The construction of other heteronuclear diatomic orbital correlation diagrams follows exactly the same principles as those we employed for LiF. To see more examples of such diagrams, consult your favorite chemistry textbook.

As you can imagine, to describe the bonding in polyatomic molecules, we would need a molecular orbital diagram with more than two dimensions so we could describe the bonds both between the central atom and each terminal atom and between the terminal atoms themselves. Such diagrams are impractically difficult to draw or require complex methods to collapse such multidimensional figures into two dimensions. Instead we will describe a simple yet powerful method to describe the bonding in polyatomic molecules called hybridization. By adding together certain atomic orbitals, we can produce a set of hybridized atomic orbitals that have the correct shape and directionality to account for the known bond angles in polyatomic molecules. Hybrid orbitals describe the bonding in polyatomic molecules one bond at a time.

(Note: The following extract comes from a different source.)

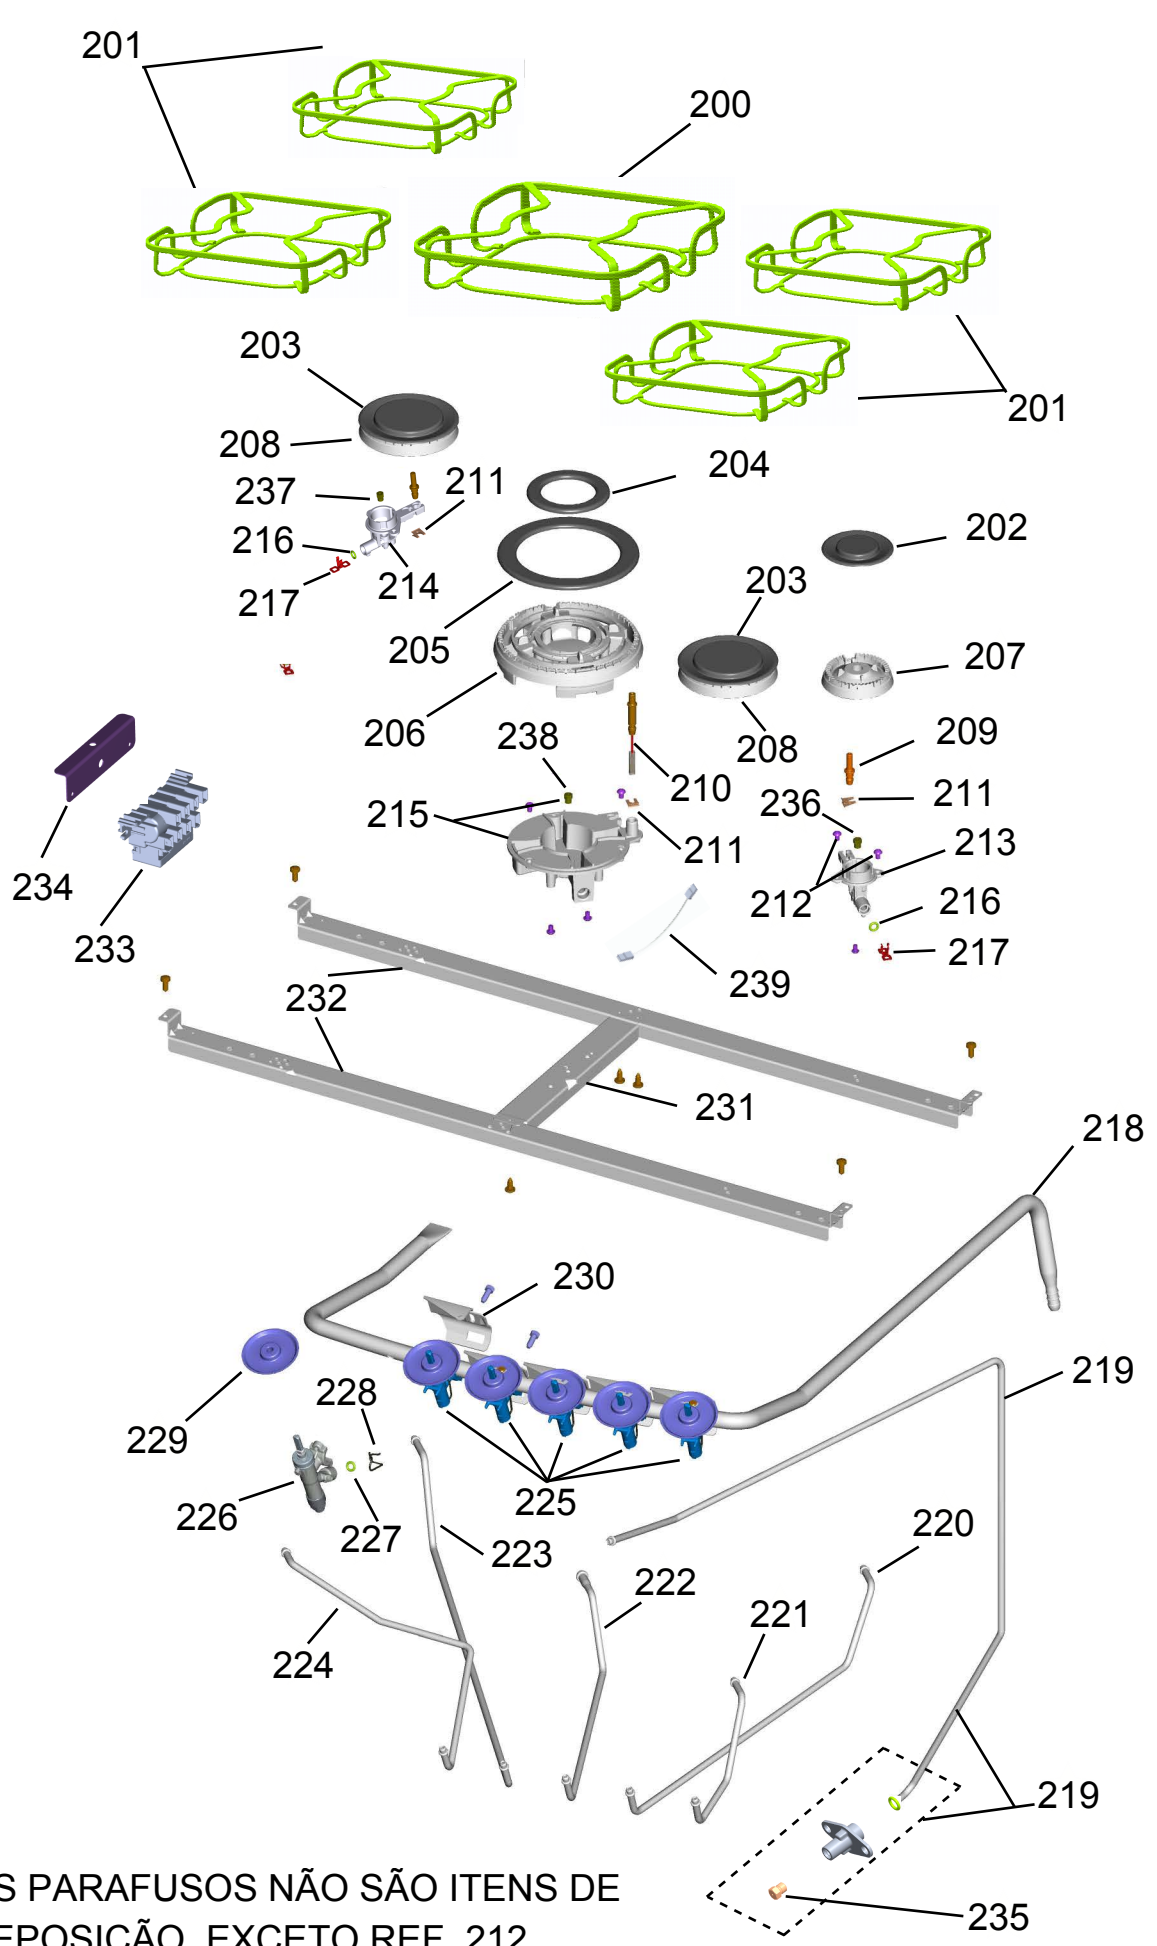

GRUPO 200 - SISTEMA GÁS

OS PARAFUSOS NÃO SÃO ITENS DE REPOSIÇÃO, EXCETO REF. 212

From the geometry of the molecules, as predicted by VSEPR, we can
deduce the hybridization
of the central atom. Linear molecules are sp hybridized. Each hybrid orbital
is composed of a combination of an s and a p orbital on the central atom. The
other
geometries are produced by the
proper mixture of atomic orbitals. Molecules based on a triangle are
sp^{2} hybridized.
Tetrahedrally based molecules are sp^{3} hybridized. Trigonal
bipyramidally based
molecules are dsp^{3} hybridized. Octahedrally based molecules are
d^{2}sp^{3} hybridized.

To illustrate how hybrid orbitals are used to describe the bonding in
polyatomic molecules, we will
examine the bonds that form water, H_{2}O. Water is
AB_{2}e_{2},
therefore, its geometry is based on a tetrahedron, and it is
sp^{3} hybridized. Two
sp^{3} hybrid orbitals on oxygen with one electron each can form a
bond with the singly
occupied 1s orbitals on the hydrogen atoms. The remaining two
sp^{3} hybrid orbitals on
oxygen each have two electrons in them and are, therefore, lone pairs. A
model of the bonding in
water is shown in :

Figure %: The bonding in water

To produce hybrid bonding descriptions of any compound, first decide what is the hybridization of the central atom based on its geometry. Next, form bonds between the hybrid or atomic orbitals on terminal atoms and the central atom. Finally, check to make sure that your bonding description agrees with the Lewis structure in the number of bonds formed and the number of lone pairs.